All settings are under cerbe in the VS Code settings UI or settings.json.

• cerbe.autoScan

  • When Cerbe should automatically scan.
  • Values:
    • "all" – scan on workspace open and relevant file changes (default)
    • "onSave" – reserved for future use (currently behaves like "all" for file changes)
    • "manual" – only scan when you explicitly run the command or click the status bar item

• cerbe.scanTransitive

  • true / false (default: true)
  • Enable or disable scanning of transitive dependencies via lockfiles.

• cerbe.maxConcurrency

  • Number (default: 10)
  • Maximum number of parallel OSV queries to run at once.

• cerbe.includeDevDependencies

  • true / false (default: true)
  • Whether to include devDependencies when scanning.

• cerbe.excludeGlobs

  • Array of glob patterns (default: [])
  • Additional paths to exclude from scanning.
  • node_modules is always excluded automatically; use this to ignore things like **/examples/** or **/fixtures/**.

🚀 Usage

Most of the time, Cerbe works automatically with zero setup.

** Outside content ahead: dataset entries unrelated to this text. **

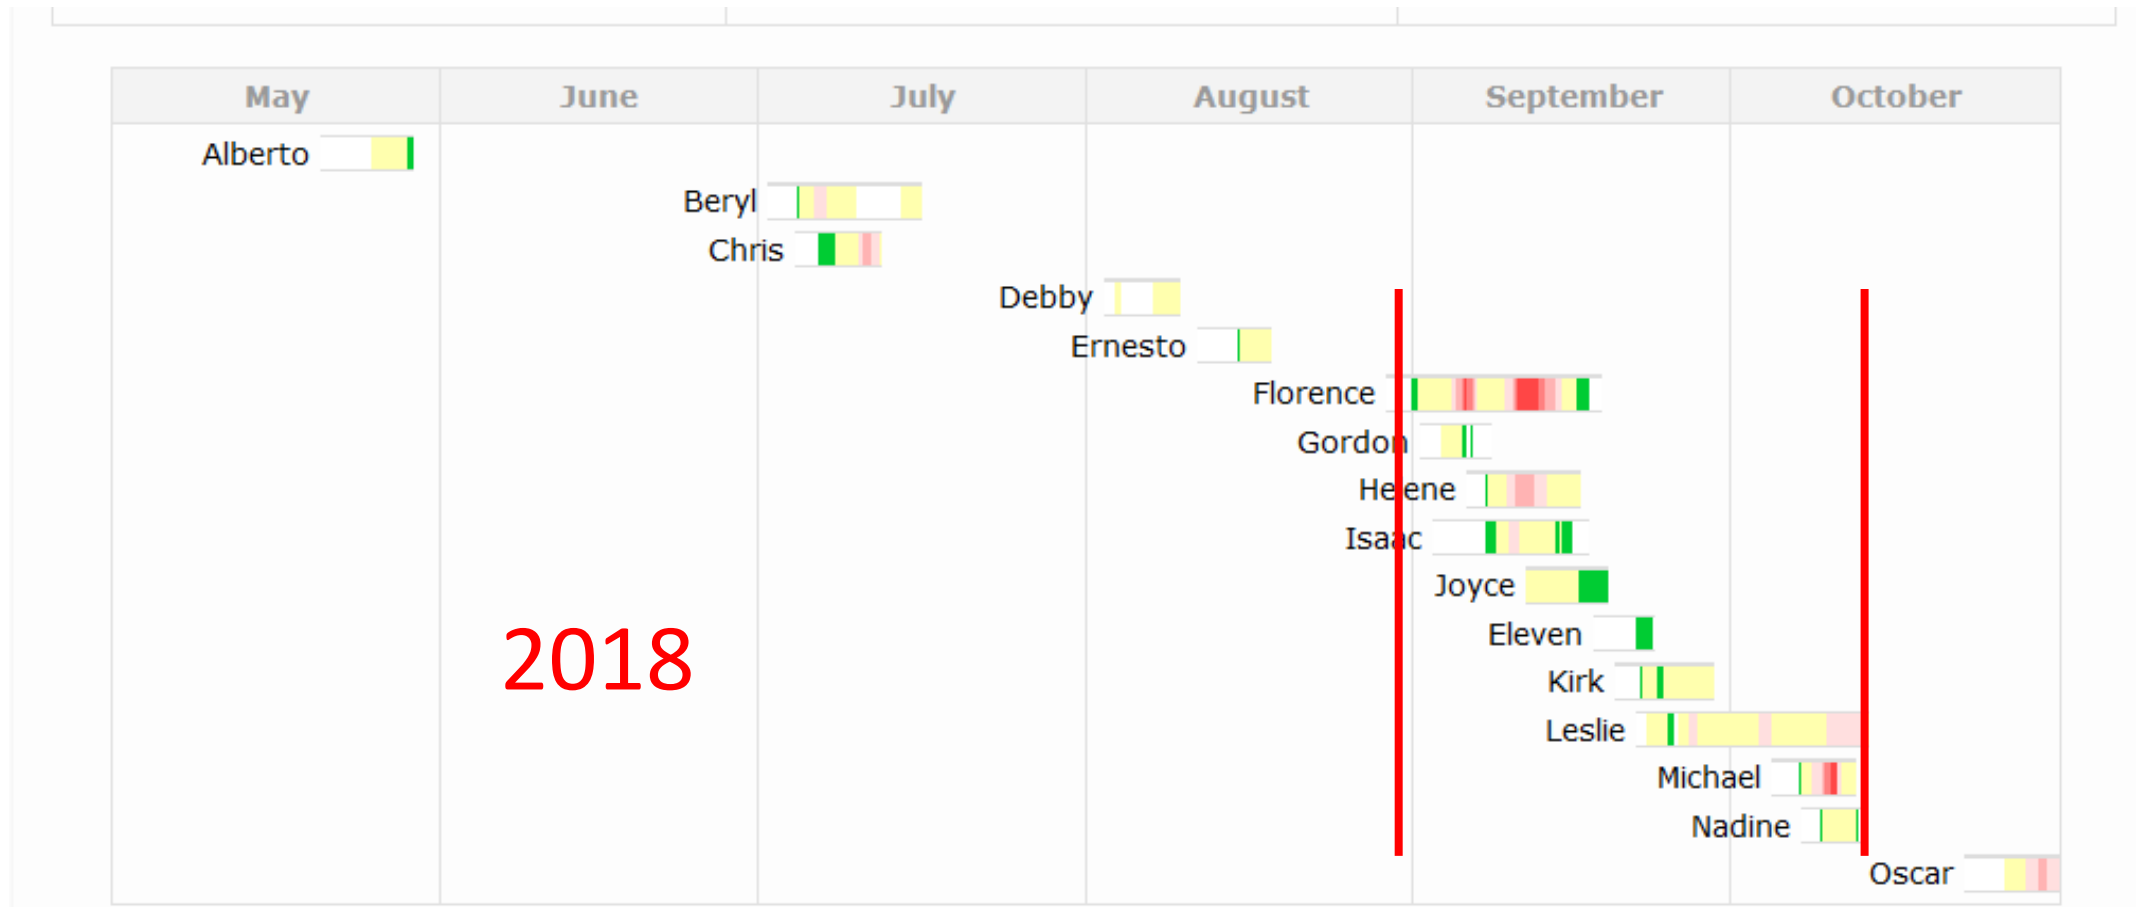

Preliminary results from the PBL tests in HAFS.0.A

Hurricane Team at EMC
April 1, 2020

Time period: Aug 30 – Oct 12 (10 storms)

Track Error

HEDMF: modified Hybrid-EDMF

TEDMF: TKE-EDMF

YSU: ShinHong

Vmax Error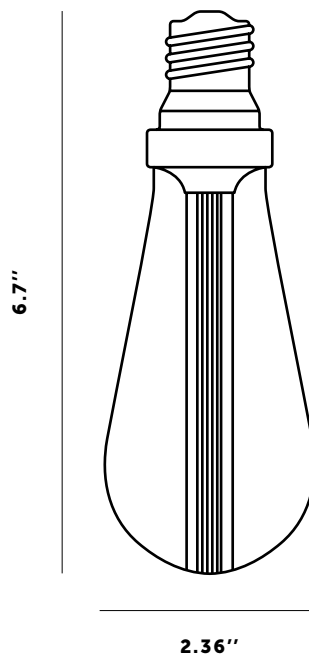

FINISH	SKU
☐ Crystal / Dimmable	BB-TD-E26-D-CR-B
☐ Gold / Dimmable	BB-TD-E26-D-GO-B
☐ Smoked / Dimmable	BB-TD-E26-D-SM-B
SPECIFICATIONS / DIMMABLE	
Power: 5W Type: Dimmable LED Screw fitting: E26 Supply: 120 VAC Life: 30 000 hrs Lumen: crystal max 320, gold max 250, smoked max 160. Light appearance: crystal 2700k, gold 2500k, smoked 2600k. CRI: 80	Power factor: 0.9 Recommended dimmer module: Lutron LED dimmers. Please note: Not suitable for DALI dimming systems. ETL-certified.* For indoor use only.

CARE INSTRUCTIONS

Wipe with damp cloth with no loose hairs, avoid using any chemicals. Please note all finishes are prone to aging.

* Official data doc can be supplied upon request.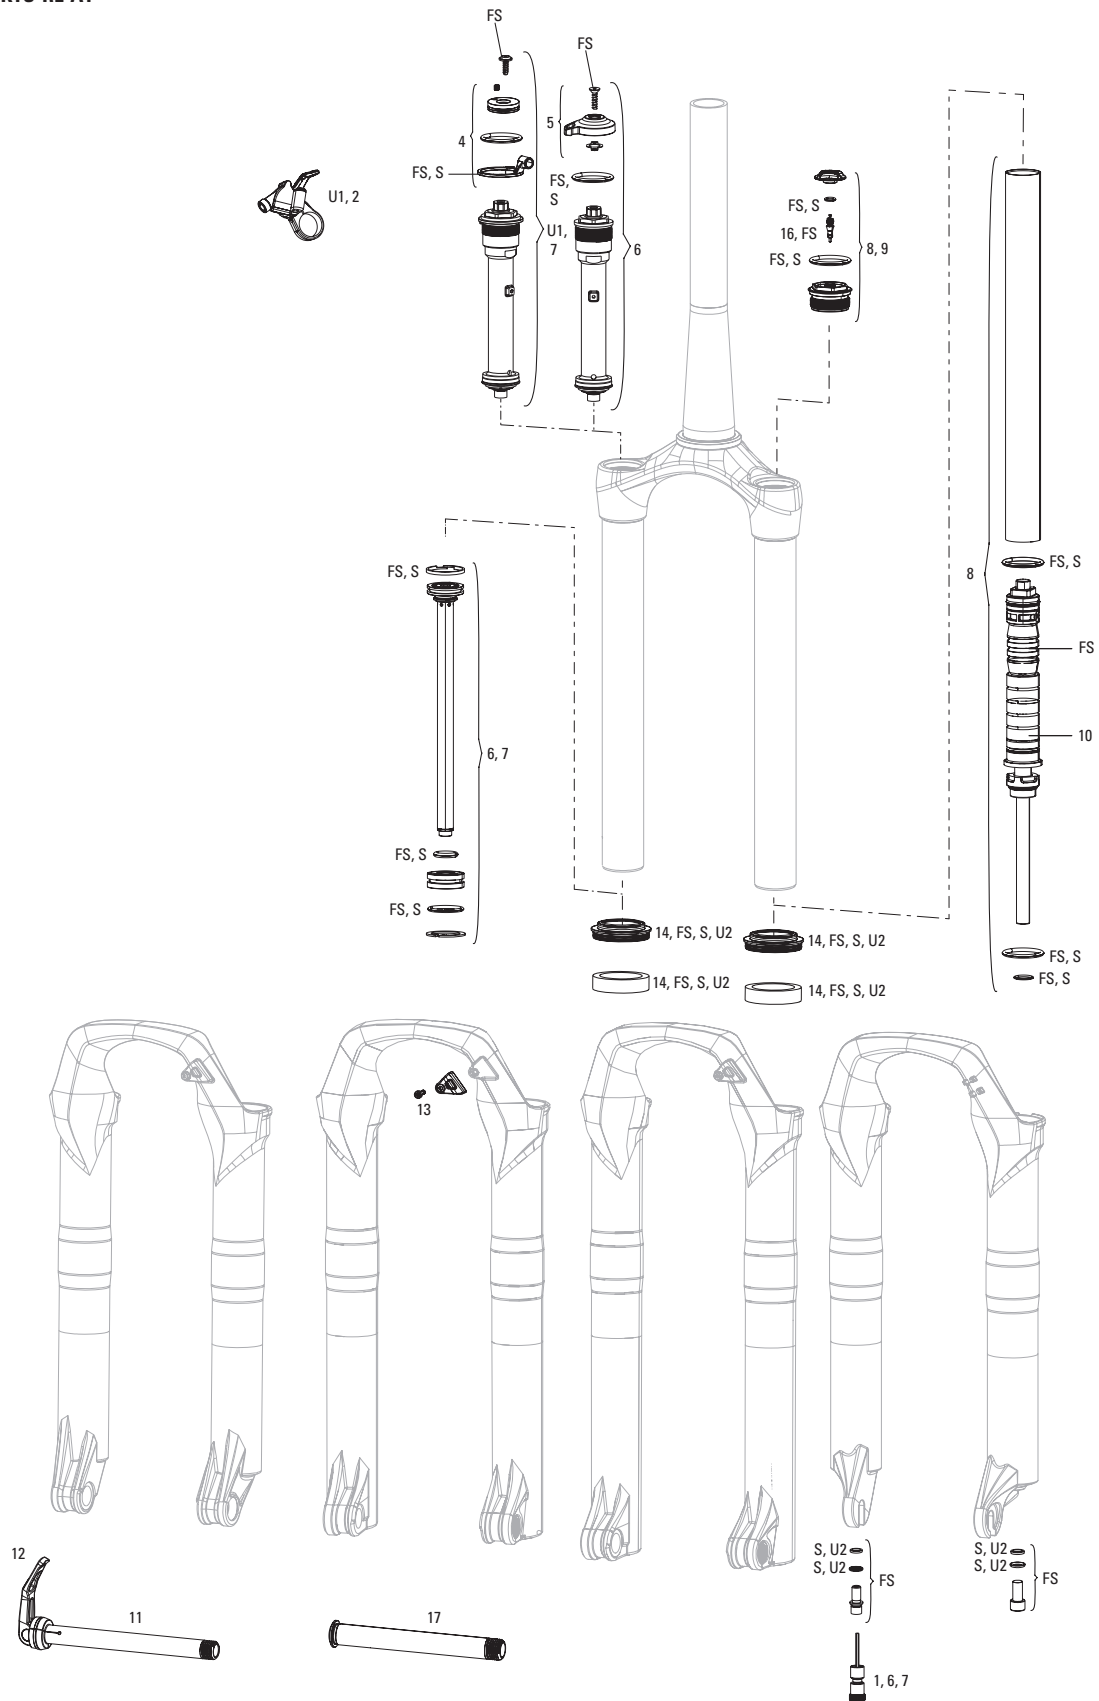

SEKTOR SILVER A1 (2014-2016)

FS-SKTS-TK-A1, FS-SKTS-RL-A1

Note:

1. Full service kits include replaceable o-rings, glide rings, retaining rings, crush washers, crush washer retainers and shaft bolts/nuts. All air service kits include replacement schrader valve cores. Not all service parts are pictured. All basic service kits include the following replaceable wear items: o-rings, glide rings, dust seals, and foam rings.
2. Convert from Crown Adjust to Remote Adjust: Remote compression damper requires remote compression adjuster spool, and remote lever assembly.
3. Sektor Silver requires PopLoc or PopLoc Adjust remote; 17mm cable pull.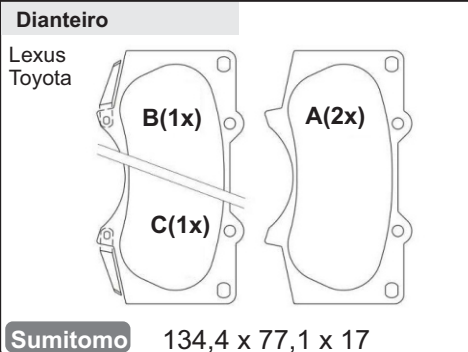

TK-689

TK-690

TK-691

TK-692

TK-693

TK-694

TK-695

TK-696

TK-697

TK-698

TK-699

TK-700

TK-701

TK-702

TK-703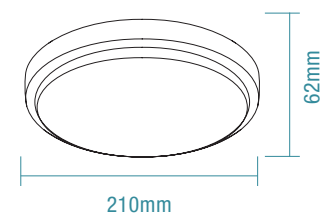

Supplied with black clip on trim.

DIMENSIONS

10W OVAL SHAPE

15W OVAL SHAPE

10W ROUND SHAPE

15W ROUND SHAPE

SLIMFIRE

FEATURES

1. Open a folder containing one or more package.json files.

2. Cerbe scans automatically (depending on cerbe.autoScan) and:

   • Updates the status bar with scan status and issue counts
   • Adds diagnostics (squiggles) in each affected package.json
   • Populates the Problems panel with all detected vulnerabilities
   • Populates the Cerbe Vulnerabilities sidebar tree

3. To manually trigger a scan:

   • Open the Command Palette (Ctrl+Shift+P / Cmd+Shift+P)
   • Run: Cerbe: Scan Dependencies
   • Or click the Cerbe status bar item

4. To explore results visually:

   • Open the Explorer view
   • Find the Cerbe Vulnerabilities section
   • Expand:
     • File → Package → Vulnerability
     • Click a package to jump into package.json
     • Click a vulnerability node to open the OSV entry in your browser

🔒 Privacy

Cerbe sends only:

• Package name (e.g. lodash)
• Normalized version (e.g. 4.17.21)

To the OSV.dev API:

• https://api.osv.dev/v1/query

No source code, file contents, or file paths are sent. The extension does not transmit any project metadata beyond the package name and version being checked.

📝 License

This extension is licensed under the MIT License.
See the included LICENSE file for details.